THE DATA section start

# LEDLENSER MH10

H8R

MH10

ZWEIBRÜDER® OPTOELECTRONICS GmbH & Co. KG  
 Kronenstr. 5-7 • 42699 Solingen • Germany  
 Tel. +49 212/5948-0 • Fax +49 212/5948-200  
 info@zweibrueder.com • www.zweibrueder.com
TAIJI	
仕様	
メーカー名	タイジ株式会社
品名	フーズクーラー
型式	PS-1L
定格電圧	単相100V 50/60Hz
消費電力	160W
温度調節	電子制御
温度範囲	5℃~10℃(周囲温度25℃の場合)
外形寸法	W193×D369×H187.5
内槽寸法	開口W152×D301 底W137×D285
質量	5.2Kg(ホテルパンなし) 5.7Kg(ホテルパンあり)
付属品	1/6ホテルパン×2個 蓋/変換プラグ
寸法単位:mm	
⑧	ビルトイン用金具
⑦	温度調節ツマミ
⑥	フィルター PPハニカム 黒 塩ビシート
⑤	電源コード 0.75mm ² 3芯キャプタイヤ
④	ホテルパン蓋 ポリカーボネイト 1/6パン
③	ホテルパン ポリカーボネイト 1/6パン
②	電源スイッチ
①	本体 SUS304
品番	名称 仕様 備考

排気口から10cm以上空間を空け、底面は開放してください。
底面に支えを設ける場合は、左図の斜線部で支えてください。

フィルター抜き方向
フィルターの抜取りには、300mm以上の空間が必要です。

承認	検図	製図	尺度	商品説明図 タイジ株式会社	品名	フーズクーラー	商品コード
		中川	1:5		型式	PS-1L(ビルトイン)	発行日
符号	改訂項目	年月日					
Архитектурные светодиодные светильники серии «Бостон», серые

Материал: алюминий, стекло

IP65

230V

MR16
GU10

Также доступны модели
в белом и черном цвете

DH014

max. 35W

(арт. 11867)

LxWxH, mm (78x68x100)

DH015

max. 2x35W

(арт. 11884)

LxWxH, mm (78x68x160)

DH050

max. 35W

THE DATA section end
THE DATA section start

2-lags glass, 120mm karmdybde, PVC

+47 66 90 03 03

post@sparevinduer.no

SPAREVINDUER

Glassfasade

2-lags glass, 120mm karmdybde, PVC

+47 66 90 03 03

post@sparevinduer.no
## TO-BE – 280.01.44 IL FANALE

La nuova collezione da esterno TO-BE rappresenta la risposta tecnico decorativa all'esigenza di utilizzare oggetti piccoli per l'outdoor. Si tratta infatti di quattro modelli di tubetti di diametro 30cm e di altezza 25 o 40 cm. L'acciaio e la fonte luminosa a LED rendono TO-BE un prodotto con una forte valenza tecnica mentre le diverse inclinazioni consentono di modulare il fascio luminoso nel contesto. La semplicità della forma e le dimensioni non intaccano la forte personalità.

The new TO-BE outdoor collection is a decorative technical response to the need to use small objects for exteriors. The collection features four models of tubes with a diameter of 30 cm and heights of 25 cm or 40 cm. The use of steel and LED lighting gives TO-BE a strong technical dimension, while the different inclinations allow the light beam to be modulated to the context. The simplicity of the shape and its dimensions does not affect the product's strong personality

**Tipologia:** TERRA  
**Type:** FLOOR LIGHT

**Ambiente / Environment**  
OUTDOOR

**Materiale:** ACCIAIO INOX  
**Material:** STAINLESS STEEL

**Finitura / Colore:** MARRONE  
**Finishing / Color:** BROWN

THE DATA section end
THE DATA section start

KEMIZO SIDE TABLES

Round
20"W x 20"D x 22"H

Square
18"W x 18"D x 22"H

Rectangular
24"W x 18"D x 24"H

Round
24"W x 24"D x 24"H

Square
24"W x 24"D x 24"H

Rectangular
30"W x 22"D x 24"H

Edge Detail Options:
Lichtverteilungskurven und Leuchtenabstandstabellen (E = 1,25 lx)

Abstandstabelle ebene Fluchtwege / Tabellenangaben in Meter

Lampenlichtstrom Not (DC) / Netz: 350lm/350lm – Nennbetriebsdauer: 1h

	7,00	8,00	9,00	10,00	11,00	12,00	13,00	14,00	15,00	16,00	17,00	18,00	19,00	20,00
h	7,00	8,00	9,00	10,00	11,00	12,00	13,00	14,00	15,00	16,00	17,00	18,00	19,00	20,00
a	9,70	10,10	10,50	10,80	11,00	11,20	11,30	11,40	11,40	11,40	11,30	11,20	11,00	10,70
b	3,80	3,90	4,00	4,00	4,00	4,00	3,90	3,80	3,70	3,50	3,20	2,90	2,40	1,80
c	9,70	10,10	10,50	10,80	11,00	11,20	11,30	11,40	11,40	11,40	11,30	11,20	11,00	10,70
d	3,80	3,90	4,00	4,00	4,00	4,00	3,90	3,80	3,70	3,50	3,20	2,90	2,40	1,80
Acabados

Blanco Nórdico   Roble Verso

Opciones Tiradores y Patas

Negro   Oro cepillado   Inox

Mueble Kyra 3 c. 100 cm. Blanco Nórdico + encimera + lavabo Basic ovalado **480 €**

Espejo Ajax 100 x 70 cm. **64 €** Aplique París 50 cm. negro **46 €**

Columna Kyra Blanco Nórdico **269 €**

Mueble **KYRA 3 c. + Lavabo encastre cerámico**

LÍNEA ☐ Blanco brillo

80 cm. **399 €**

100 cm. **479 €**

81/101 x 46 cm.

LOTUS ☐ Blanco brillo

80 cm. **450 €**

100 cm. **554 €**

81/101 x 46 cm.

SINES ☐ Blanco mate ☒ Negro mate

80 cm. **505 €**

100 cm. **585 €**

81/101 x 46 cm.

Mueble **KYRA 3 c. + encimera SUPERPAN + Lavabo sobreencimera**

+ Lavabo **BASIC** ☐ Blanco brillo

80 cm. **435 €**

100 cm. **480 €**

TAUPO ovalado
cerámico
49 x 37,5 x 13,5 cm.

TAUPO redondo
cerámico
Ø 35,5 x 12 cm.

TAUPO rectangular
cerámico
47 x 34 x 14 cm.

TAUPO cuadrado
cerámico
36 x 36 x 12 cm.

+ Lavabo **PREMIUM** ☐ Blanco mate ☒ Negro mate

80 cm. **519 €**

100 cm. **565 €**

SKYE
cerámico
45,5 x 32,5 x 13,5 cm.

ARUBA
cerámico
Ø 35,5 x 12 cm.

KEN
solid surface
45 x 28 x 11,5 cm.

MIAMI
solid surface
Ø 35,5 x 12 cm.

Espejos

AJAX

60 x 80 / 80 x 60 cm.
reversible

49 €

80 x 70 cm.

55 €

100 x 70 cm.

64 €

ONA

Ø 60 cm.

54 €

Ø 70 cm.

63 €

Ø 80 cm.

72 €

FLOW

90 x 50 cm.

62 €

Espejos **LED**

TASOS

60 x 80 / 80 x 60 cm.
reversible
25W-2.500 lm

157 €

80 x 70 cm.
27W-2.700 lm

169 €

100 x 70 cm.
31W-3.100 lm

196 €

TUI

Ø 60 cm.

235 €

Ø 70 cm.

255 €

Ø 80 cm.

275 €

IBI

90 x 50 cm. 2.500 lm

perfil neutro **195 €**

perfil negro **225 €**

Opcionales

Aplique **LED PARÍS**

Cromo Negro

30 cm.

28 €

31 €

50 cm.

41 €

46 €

THE DATA section end

ASSIGNMENT » Take exactly the lines from the one containing "# LEDLENSER MH10" through the one containing "排気口から10cm以上空間を空け、底面は開放してください。" in the data above, and output them with nothing added.

OUTPUT FOR THIS TASK »
# LEDLENSER MH10

H8R

MH10

ZWEIBRÜDER® OPTOELECTRONICS GmbH & Co. KG  
 Kronenstr. 5-7 • 42699 Solingen • Germany  
 Tel. +49 212/5948-0 • Fax +49 212/5948-200  
 info@zweibrueder.com • www.zweibrueder.com
TAIJI	
仕様	
メーカー名	タイジ株式会社
品名	フーズクーラー
型式	PS-1L
定格電圧	単相100V 50/60Hz
消費電力	160W
温度調節	電子制御
温度範囲	5℃~10℃(周囲温度25℃の場合)
外形寸法	W193×D369×H187.5
内槽寸法	開口W152×D301 底W137×D285
質量	5.2Kg(ホテルパンなし) 5.7Kg(ホテルパンあり)
付属品	1/6ホテルパン×2個 蓋/変換プラグ
寸法単位:mm	
⑧	ビルトイン用金具
⑦	温度調節ツマミ
⑥	フィルター PPハニカム 黒 塩ビシート
⑤	電源コード 0.75mm ² 3芯キャプタイヤ
④	ホテルパン蓋 ポリカーボネイト 1/6パン
③	ホテルパン ポリカーボネイト 1/6パン
②	電源スイッチ
①	本体 SUS304
品番	名称 仕様 備考

排気口から10cm以上空間を空け、底面は開放してください。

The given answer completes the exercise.